DESCRIPTION (provided by applicant): Renal oxidative stress is determined by the balance between the primary source of superoxide, NADPH oxidase (NOX) and intrarenal enzymes that scavenge superoxide, superoxide dismutases (SOD). Renal oxidative stress contributes to the development of systemic hypertension by alterations in renal function, including vasoconstriction, increased solute and electrolyte retention and tubular dysfunction. The reabsorption of sodium is the major energy requirement for the kidney and the efficient use of oxygen for Na+ transport is reduced during oxidative stress. We propose to test the effects of oxidative stress on oxygen usage in the kidney and to determine the mechanism(s) by which Na+ reabsorption requires greater oxygen. In a series of experiments measuring in vivo single nephron function in gene deleted mice and in vitro measurements of PT cell function we will identify specific sites of oxygen utilization dysfunction. In aim 1, we will test the hypothesis that the inefficient use of oxygen is dependent on the balance between NOX and SOD, by using single gene deleted mice. In aim 2 we will examine the mechanism of the inefficient use of oxygen, focusing on Na+ reabsorption in the proximal tubule (PT). In a series of both in vivo and in vitro experiments, we will evaluate the cellular integrity and function of the PT during acute and chronic oxidative stress. We will examine paracellular and transcellular function in PT cells. In aim 3 we will test the hypothesis that the increased blood pressure associated with angiotensin II-induced oxidative stress is dependent on increased generation of adenosine and enhancement of tubuloglomerular feedback, leading to decreased renal blood flow and increased renal vascular resistance. These studies should provide new and valuable information on the relationship between oxygen usage in the kidney and the pro-vasoconstriction events associated with oxidative stress and hypertension. Project Narrative: Ischemia, the lack of efficient oxygen delivery is the most common cause of acute renal failure and renal artery stenosis causing renal ischemia is the second most common cause of secondary hypertension. These conditions are accompanied by severe oxidative stress within the kidneys. Therefore, knowledge of the interaction of oxidants and oxygen within the kidney will provide insight into the causes of these renal diseases.
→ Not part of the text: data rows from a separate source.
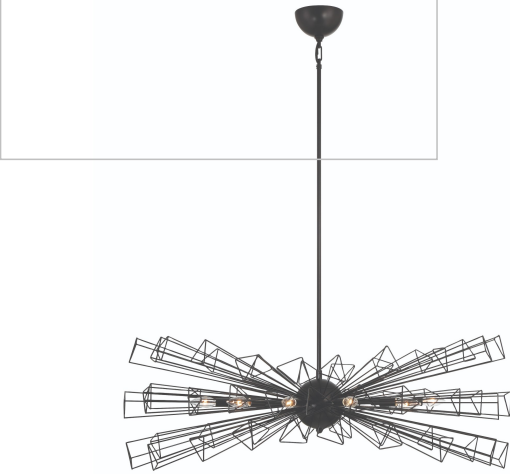

TEL 905.695.2055 toll free 1.800.660.5391
 FAX 905.695.2056 toll free 1.800.660.5390

33 West Beaver Creek Road Richmond Hill, Ontario Canada L4B 1L8

DENDELIO, 10-LIGHT 45IN CHANDELIER

PRODUCT DETAILS

No.	:	46761-019
Product Color	:	MATTE BLACK
Shade / Accent Colour	:	BLACK
Shade / Accent Material	:	STEEL
Length	:	45"
Width	:	24.5"
Height	:	14"
Weight	:	18.4LBS
Shade Height	:	6"
Shade Diameter	:	6"

LIGHT SOURCE DETAILS

Number of Bulbs	:	10
Light Source Type	:	E12
Bulb Voltage	:	120V
Socket Type	:	E12
Wattage	:	10 X 40W
Total Wattage	:	400W
Bulb Included	:	NO
Dimmable	:	YES

OPTIONS AVAILABLE

ITEM NO.	FINISH	SHADE
46761-019	MATTE BLACK	
46761-026	MATTE GOLD	

TECHNICAL DETAILS

Hanging Support Type	:	ROD
Canopy / Backplate Length	:	6"
Canopy / Backplate Height	:	3"
Canopy / Backplate Width	:	6"
Canopy / Backplate Dia.	:	6"
IP Rating	:	IP22
Location	:	DRY
Beam Angle	:	360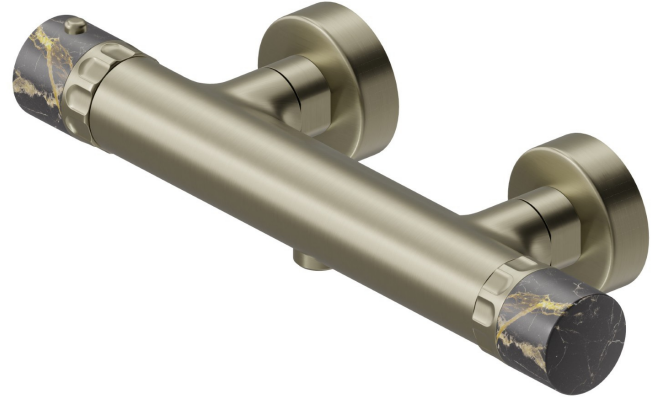

# IONIKA SUPREME

72955.59.098

Exposed shower thermostatic mixer - finish PVD Brushed Pale Gold

PVD Brushed Pale Gold

## FEATURES

Material	<b>Brass/Marble</b>
Installation	<b>Wall mounted</b>
Water mixing	<b>Mechanical</b>

## TECHNICAL DRAWING

**IONIKA SUPREME**

**72955.59.098**

Exposed shower thermostatic mixer - finish PVD Brushed Pale Gold

**AVAILABLE FINISHES**

---

**59.098**

PVD Brushed Pale Gold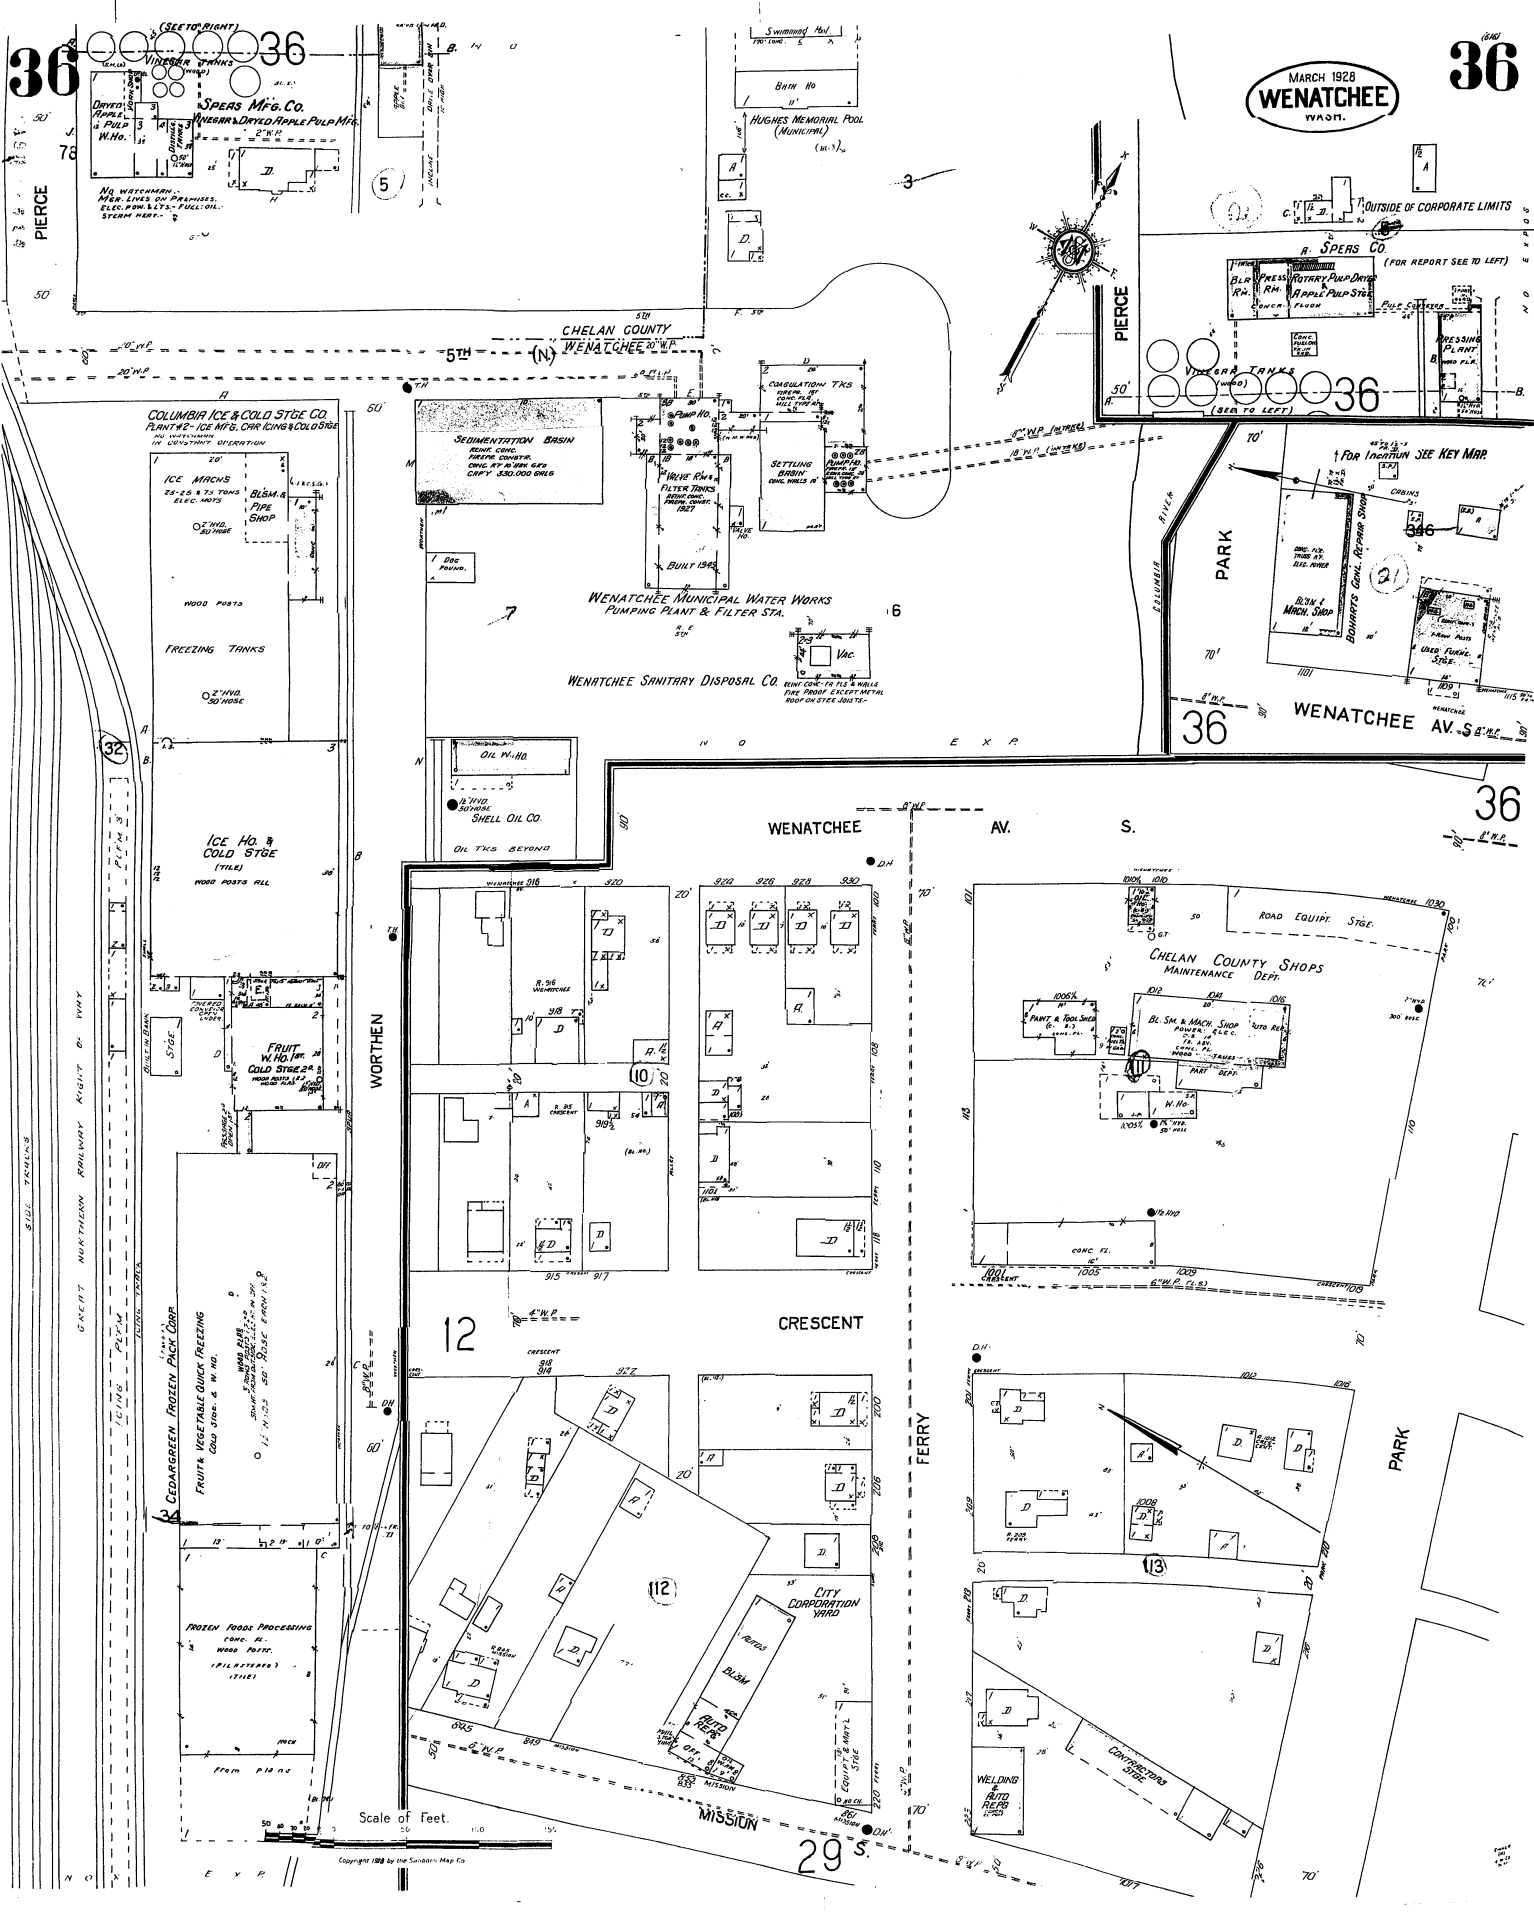

36

MARCH 1928  
WENATCHEE  
WASH.

36

PIERCE

Scale of Feet.

Copyright 1928 by the Sanborn Map Co.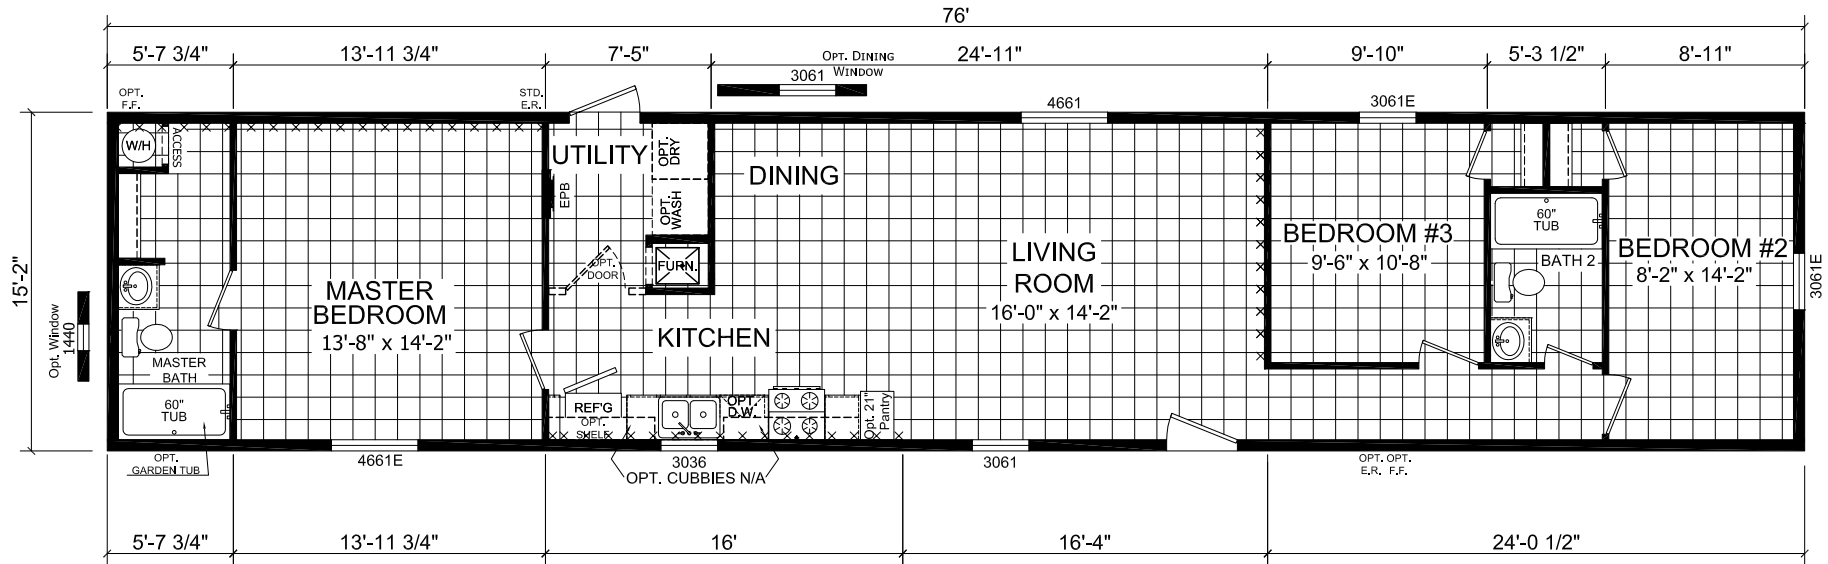

Villager

Dutch Edge II Single Section Series

1,155 SQ. FT. (Approximate) 3 Bedroom, 2 Bath

Last Updated: 2-14-22

FACTORY EXPO HOME CENTERS
6855 West 700 South
Topeka, IN 46571

LOW PROFILE TIRES MUST BE OPTIONED IF 8'-6" SIDEWALLS AND A GAS FURNACE ARE SELECTED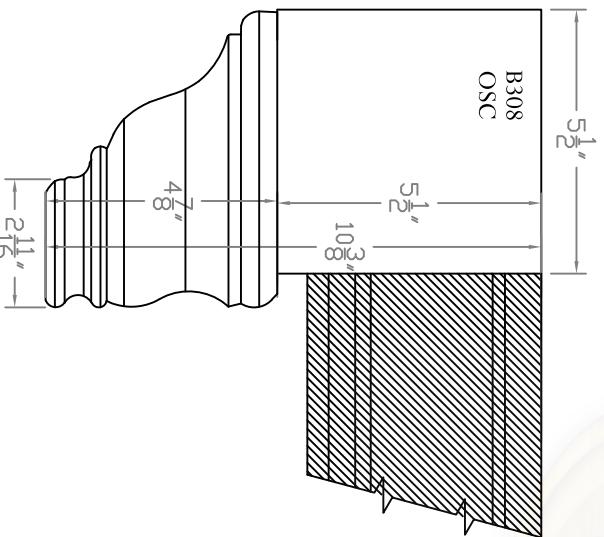

Baird Bros.  
DSCB308 Crown Block

TOP VIEW OSC

Scale: 1:4

SIDE VIEW OSC

Scale: 1:4

**Baird Brothers Fine Hardwoods**  
Baird Brothers Sawmill Inc. www.BairdBrothers.com  
7060 Croy Rd. Canfield, OH 44406  
(330) 533-3122 (800) 732-1697

DATE: 11/27/17	DRAWN BY: JEC	SHEET: 1 of 1
SCALE: 1:4	REV	REV BY:
DRAWING #: DSCB308	REV DATE:	REV BY:

THIS DRAWING IS PROPERTY OF  
BAIRD BROTHERS SAWMILL INC.

描述（由申请人提供）：肾氧化应激由超氧化物的主要来源、NADPH氧化酶（NOX）和清除超氧化物、超氧化物歧化酶（SOD）的肾内酶之间的平衡决定。肾脏氧化应激通过改变肾功能，包括血管收缩、溶质和电解质潴留增加以及肾小管功能障碍，导致全身性高血压的发生。钠的重吸收是肾脏的主要能量需求，在氧化应激过程中，钠离子转运中氧气的有效利用会降低。我们建议测试氧化应激对肾脏耗氧量的影响，并确定 Na+ 重吸收需要更多氧气的机制。在一系列测量基因缺失小鼠的体内单个肾单位功能和体外测量 PT 细胞功能的实验中，我们将确定氧利用功能障碍的特定位点。在目标 1 中，我们将通过使用单基因缺失小鼠来测试氧气的低效利用取决于 NOX 和 SOD 之间的平衡的假设。在目标 2 中，我们将研究氧气利用效率低下的机制，重点关注近端小管 (PT) 中的 Na+ 重吸收。在一系列体内和体外实验中，我们将评估急性和慢性氧化应激期间 PT 的细胞完整性和功能。我们将检查 PT 细胞的旁细胞和跨细胞功能。在目标 3 中，我们将检验以下假设：与血管紧张素 II 诱导的氧化应激相关的血压升高取决于腺苷生成的增加和肾小球反馈的增强，从而导致肾血流量减少和肾血管阻力增加。这些研究应该为肾脏的耗氧量与氧化应激和高血压相关的促血管收缩事件之间的关系提供新的有价值的信息。 项目叙述：缺血、缺乏有效的氧气输送是急性肾功能衰竭的最常见原因，而导致肾缺血的肾动脉狭窄是继发性高血压的第二个最常见原因。这些情况伴随着肾脏内严重的氧化应激。因此，了解肾脏内氧化剂和氧气的相互作用将有助于深入了解这些肾脏疾病的原因。